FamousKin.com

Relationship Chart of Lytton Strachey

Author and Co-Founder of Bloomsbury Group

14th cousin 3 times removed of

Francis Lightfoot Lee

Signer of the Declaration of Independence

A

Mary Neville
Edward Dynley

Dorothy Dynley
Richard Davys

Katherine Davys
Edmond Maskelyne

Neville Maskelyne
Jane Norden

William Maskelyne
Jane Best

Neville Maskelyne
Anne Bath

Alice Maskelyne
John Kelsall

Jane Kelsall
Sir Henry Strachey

=-=-=-=-=

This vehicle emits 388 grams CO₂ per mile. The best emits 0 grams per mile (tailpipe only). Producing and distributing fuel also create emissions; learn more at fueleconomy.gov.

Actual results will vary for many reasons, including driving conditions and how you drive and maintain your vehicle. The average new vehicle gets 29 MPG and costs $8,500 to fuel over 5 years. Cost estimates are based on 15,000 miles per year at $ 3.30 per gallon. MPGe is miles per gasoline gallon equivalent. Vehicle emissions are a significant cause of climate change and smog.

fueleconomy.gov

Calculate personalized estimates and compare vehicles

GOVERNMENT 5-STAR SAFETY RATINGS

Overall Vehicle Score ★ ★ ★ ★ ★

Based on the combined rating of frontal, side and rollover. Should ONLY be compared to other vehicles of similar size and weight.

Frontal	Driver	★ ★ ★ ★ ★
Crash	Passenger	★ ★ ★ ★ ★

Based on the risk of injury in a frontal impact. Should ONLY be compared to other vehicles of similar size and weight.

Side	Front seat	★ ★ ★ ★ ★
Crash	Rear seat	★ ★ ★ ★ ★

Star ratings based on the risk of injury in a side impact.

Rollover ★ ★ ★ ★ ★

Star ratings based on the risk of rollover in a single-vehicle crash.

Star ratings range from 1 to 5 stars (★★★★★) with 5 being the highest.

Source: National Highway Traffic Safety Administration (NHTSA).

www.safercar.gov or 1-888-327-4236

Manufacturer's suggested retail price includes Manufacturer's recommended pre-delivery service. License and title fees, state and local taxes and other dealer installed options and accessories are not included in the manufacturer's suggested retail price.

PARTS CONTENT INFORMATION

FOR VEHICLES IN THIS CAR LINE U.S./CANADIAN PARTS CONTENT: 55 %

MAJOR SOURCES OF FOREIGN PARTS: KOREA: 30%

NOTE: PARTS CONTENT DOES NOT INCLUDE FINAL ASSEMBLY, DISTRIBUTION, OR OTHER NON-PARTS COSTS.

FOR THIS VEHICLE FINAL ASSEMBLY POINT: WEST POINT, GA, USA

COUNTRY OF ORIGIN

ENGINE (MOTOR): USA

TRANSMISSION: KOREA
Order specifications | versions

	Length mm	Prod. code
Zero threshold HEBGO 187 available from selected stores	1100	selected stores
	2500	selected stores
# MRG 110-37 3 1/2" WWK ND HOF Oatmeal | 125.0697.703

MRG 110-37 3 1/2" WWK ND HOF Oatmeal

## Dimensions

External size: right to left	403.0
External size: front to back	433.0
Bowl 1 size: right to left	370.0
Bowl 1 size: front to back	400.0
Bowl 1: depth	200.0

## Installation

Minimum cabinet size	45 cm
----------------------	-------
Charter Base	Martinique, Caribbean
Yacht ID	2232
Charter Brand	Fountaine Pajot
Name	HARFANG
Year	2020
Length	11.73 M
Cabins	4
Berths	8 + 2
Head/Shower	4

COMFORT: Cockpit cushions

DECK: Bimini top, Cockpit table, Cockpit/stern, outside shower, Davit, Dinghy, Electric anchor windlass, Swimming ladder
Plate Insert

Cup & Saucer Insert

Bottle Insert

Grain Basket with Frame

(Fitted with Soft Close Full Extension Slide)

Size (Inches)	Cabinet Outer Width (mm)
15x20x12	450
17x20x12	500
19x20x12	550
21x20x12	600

=-=-=-=-=

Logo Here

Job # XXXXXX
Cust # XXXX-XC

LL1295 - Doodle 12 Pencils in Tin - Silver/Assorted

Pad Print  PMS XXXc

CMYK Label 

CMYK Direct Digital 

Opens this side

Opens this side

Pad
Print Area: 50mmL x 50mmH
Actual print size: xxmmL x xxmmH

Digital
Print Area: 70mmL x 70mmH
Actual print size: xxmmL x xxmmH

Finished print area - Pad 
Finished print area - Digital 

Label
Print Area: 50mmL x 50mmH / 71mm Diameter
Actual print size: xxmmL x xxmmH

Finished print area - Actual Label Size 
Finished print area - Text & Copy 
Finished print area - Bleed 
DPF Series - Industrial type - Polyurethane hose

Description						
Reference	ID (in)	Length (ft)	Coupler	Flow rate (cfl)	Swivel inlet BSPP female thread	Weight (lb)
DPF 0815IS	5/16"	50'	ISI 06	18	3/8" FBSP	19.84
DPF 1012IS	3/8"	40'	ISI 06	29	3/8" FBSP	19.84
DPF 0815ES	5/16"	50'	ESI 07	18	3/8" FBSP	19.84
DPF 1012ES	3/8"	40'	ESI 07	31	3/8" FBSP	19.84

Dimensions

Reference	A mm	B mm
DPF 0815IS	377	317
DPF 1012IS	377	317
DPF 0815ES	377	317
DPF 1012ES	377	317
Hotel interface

=-=-=-=-=

What the task requires |
Where a line of the entries contains "estimates", report that line.

Output of the exercise |
Actual results will vary for many reasons, including driving conditions and how you drive and maintain your vehicle. The average new vehicle gets 29 MPG and costs $8,500 to fuel over 5 years. Cost estimates are based on 15,000 miles per year at $ 3.30 per gallon. MPGe is miles per gasoline gallon equivalent. Vehicle emissions are a significant cause of climate change and smog.
Calculate personalized estimates and compare vehicles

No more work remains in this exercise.